Compensation at MBX is likely dominated by equity‑based awards—options/RSUs and milestone‑linked grants—consistent with the company’s lack of revenue and heavy R&D spending; the 10‑K highlights material unrecognized stock‑based compensation (about $17.9M) and rising headcount‑related pay. Cash salaries and discretionary bonuses are typically modest in small biotechs, so management incentives are structured to reward clinical and regulatory milestones (INDs, trial enrollment completions, topline readouts) and progress toward partnering or commercialization. Public‑company costs from the recent IPO and Series C financings also drove higher G&A and likely precipitated larger or more frequent equity grants to retain talent. Because MBX faces near‑term catalysts and likely additional capital needs, compensation plans may emphasize multiyear vesting and performance conditions tied to program advancement and capitalization events.
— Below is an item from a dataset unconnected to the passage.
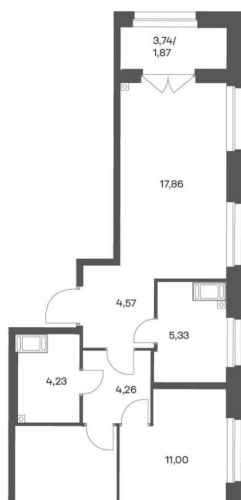

приобрести с готовой отделкой от застройщика. Для покупателей квартир предусмотрено два варианта чистовой отделки «Ваниль» и «Шоколад». Чистовая отделка в квартирах ЖК «Речной квартал» предполагает монтаж натяжных потолков, укладку ламината, оклейку стен обоями под покраску, установку светильников и межкомнатных дверей. При отделке новой квартиры применяются качественные, натуральные и экологичные материалы, монтируется стильная импортная сантехника европейских брендов. В объявлении указана стоимость квартиры при 100% оплате. При других формах оплаты - базовую стоимость квартиры уточняйте на официальном сайте компании или у менеджера отдела продаж. Застройщик АО «Специализированный застройщик «Строительный трест».

With several imminent, material clinical and regulatory milestones (notably the Q3 2025 canvuparatide topline readout and multiple IND/Phase‑2 starts), MBX insiders will be subject to heightened trading risk and should observe strict blackout windows before such announcements; trial readouts and IND clearances are material nonpublic information under SEC rules. Given substantial equity compensation and option exercises, insiders commonly transact to cover tax liabilities or diversify—look for patterned sales after public disclosures, financing closings, or lock‑up expirations tied to the 2024 IPO. Investors should watch for use of 10b5‑1 plans (to signal pre‑scheduled, rule‑compliant selling) and monitor Section 16 filings (Forms 3/4/5) for timing and size of insider trades, as insider selling or large option exercises can presage dilution or be routine liquidity events. Regulatory/payor, manufacturing (CMO) and license‑related milestones can also produce material moves, so trading activity clustered ahead of financing or partnership announcements is particularly informative.